● YOUR ASSIGNMENT:
The answer must consist of every line in the records that contains the word "CIELO".
-- Opening Marker --
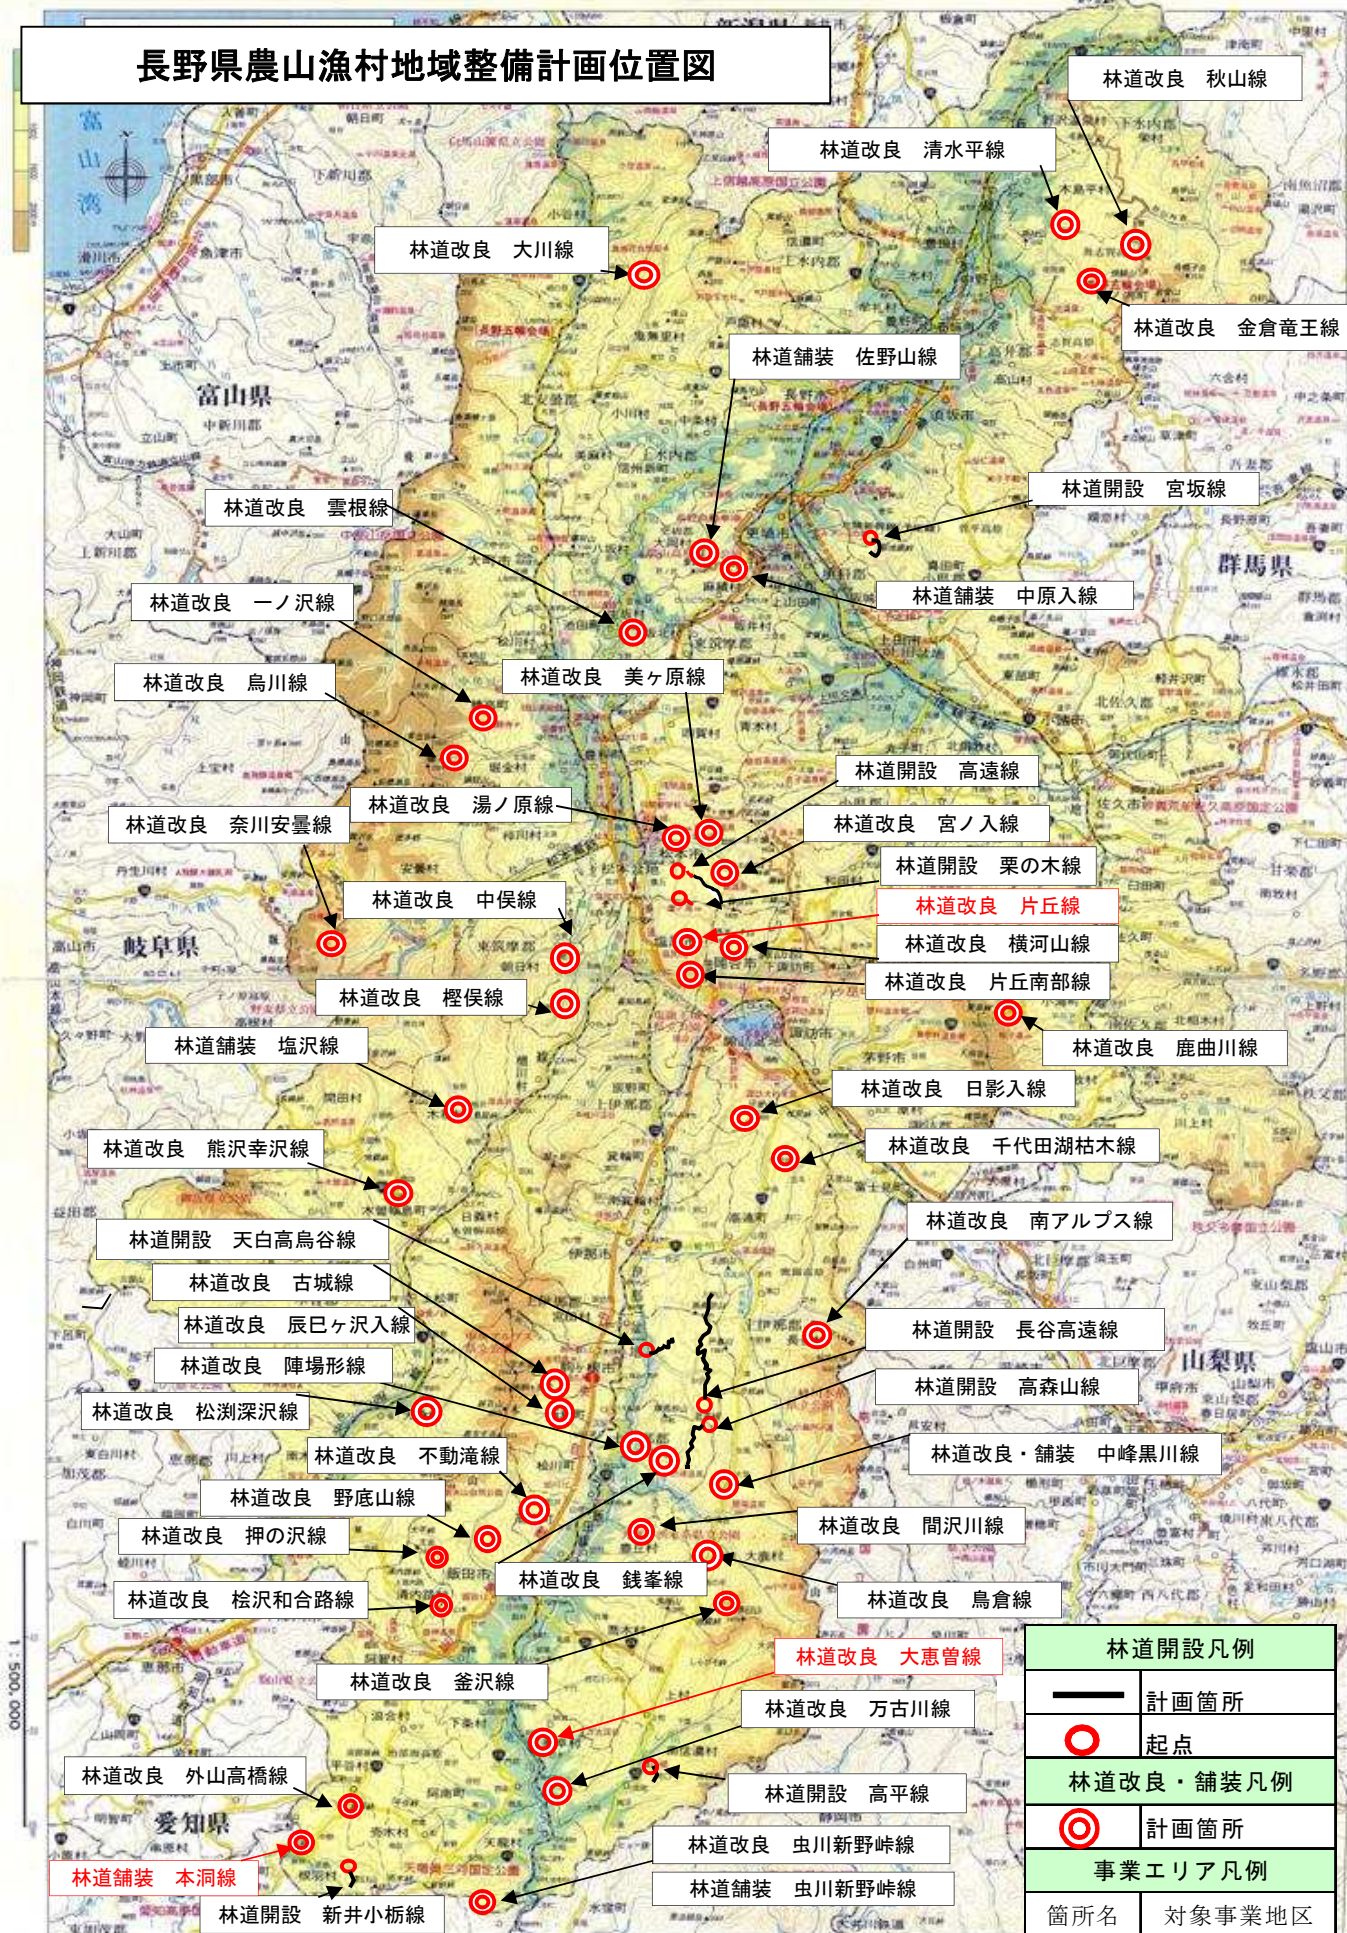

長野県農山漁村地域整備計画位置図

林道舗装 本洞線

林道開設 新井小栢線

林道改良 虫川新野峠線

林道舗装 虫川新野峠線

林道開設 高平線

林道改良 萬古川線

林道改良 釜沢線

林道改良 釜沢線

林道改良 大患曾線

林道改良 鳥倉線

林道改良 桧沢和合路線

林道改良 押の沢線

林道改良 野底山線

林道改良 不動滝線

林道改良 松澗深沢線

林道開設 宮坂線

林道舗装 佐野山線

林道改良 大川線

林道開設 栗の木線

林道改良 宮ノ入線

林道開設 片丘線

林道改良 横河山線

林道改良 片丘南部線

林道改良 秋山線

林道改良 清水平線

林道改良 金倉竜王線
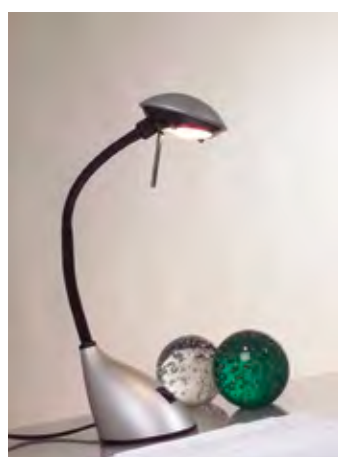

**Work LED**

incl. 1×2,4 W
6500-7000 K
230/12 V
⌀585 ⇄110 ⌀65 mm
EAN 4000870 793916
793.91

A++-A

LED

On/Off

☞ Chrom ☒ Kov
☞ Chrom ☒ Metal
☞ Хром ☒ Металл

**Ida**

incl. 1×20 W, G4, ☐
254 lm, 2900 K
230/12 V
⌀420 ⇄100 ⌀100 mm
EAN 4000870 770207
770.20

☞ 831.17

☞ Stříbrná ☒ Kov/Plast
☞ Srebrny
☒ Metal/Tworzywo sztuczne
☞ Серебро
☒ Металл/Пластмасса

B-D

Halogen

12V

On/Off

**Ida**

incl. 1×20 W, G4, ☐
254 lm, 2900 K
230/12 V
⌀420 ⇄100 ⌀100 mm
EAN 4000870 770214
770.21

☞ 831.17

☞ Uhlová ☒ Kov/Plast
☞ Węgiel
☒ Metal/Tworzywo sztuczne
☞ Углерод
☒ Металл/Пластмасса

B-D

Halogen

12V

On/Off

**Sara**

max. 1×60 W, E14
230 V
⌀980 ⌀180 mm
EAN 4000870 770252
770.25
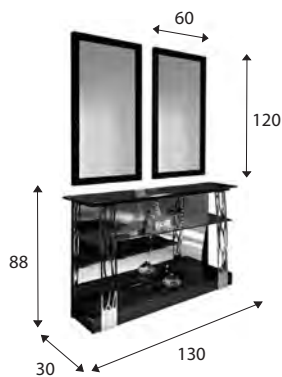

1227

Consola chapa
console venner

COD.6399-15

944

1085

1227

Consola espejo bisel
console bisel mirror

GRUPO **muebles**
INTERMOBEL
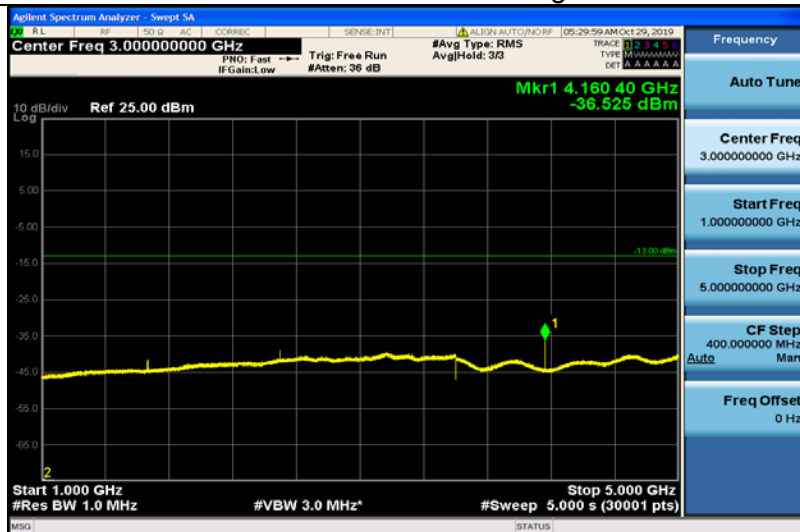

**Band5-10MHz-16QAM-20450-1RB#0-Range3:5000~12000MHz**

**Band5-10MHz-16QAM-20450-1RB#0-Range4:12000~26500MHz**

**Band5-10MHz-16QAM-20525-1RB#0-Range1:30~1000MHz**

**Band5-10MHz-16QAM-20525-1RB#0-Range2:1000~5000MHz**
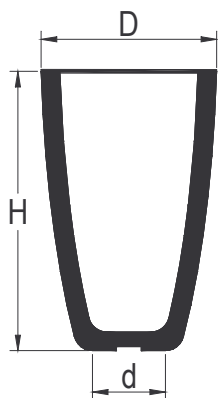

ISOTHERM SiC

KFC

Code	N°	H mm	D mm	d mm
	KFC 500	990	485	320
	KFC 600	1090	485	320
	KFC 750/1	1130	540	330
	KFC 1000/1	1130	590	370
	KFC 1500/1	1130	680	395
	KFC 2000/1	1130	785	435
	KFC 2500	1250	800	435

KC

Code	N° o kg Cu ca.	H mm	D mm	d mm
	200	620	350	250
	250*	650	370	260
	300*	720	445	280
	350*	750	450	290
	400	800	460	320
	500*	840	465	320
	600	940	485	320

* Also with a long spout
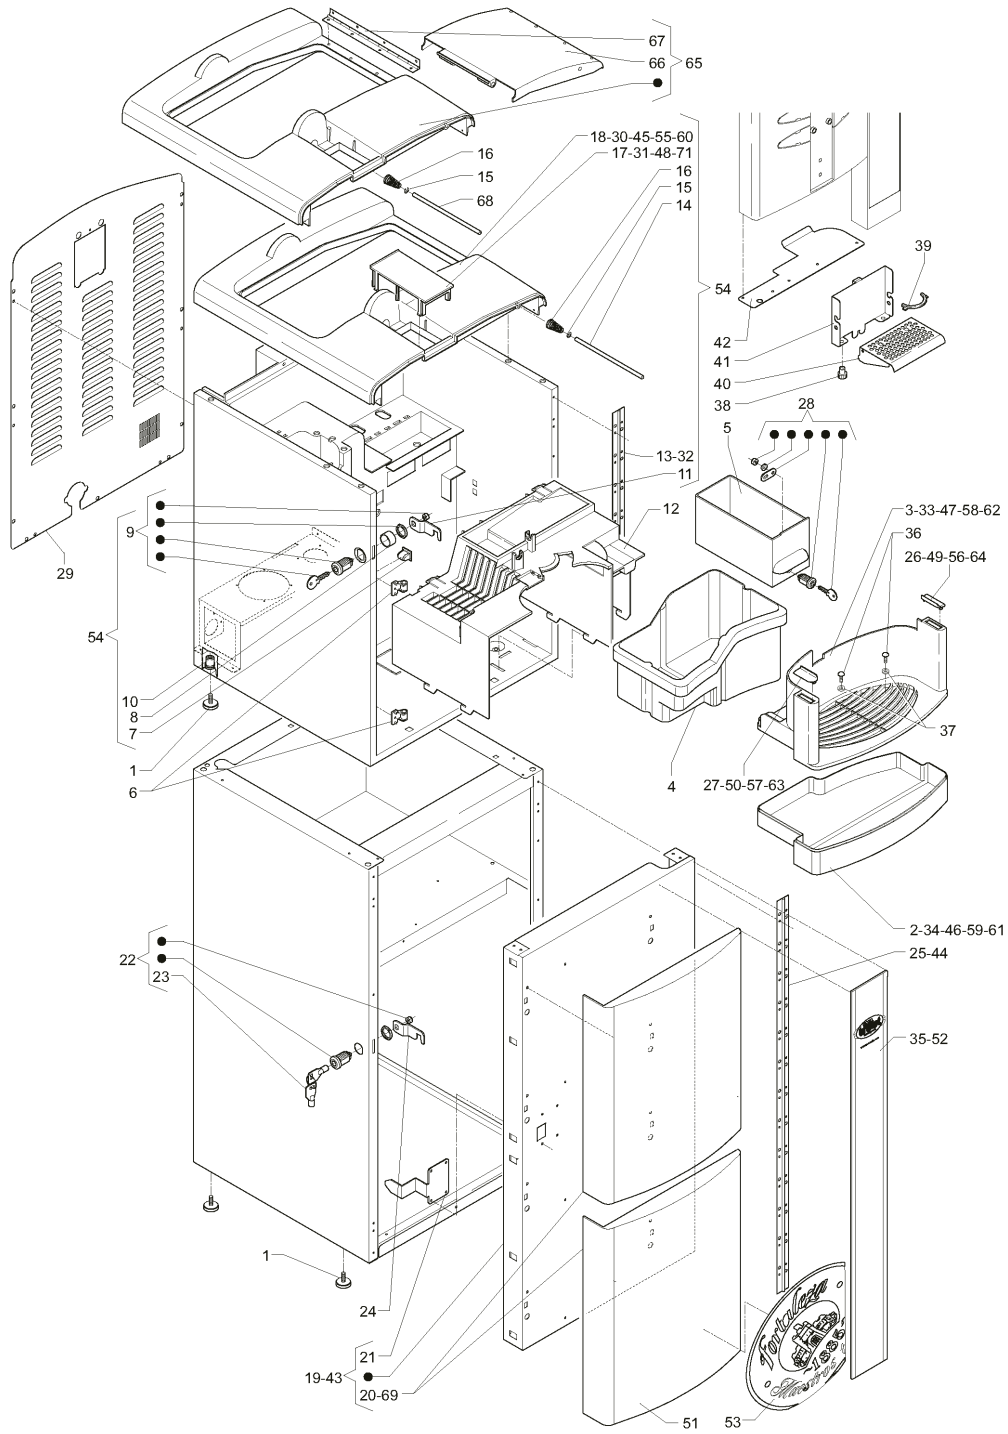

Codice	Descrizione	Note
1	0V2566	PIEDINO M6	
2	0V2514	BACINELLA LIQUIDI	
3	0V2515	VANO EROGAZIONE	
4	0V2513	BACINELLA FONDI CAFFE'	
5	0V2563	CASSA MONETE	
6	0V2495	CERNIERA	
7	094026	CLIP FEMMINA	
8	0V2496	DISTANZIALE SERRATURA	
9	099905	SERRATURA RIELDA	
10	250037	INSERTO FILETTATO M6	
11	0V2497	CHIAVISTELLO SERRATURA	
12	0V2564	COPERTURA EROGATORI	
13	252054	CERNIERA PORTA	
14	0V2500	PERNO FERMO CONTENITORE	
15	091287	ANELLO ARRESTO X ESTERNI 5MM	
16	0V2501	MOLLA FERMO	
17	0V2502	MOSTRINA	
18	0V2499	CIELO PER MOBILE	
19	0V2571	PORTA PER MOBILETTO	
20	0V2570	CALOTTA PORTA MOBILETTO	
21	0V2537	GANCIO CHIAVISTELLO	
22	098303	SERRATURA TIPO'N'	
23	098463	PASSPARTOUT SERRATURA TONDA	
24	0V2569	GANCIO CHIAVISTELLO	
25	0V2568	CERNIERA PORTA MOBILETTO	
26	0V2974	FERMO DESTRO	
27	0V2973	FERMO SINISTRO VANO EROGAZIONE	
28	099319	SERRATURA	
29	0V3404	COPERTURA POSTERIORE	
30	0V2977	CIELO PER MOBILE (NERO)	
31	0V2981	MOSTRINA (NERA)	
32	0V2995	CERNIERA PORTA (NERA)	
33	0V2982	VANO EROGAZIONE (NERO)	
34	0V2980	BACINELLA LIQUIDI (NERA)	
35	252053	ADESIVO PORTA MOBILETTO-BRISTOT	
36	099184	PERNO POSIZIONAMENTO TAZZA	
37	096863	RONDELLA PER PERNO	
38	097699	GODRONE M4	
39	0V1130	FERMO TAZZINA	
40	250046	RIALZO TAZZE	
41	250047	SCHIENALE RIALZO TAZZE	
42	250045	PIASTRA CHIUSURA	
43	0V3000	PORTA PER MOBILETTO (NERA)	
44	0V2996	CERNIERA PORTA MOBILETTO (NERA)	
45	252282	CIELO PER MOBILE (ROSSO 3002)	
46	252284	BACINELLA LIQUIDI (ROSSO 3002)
-- Closing Marker --
● EXERCISE ANSWER:
18	0V2499	CIELO PER MOBILE	
30	0V2977	CIELO PER MOBILE (NERO)	
45	252282	CIELO PER MOBILE (ROSSO 3002)	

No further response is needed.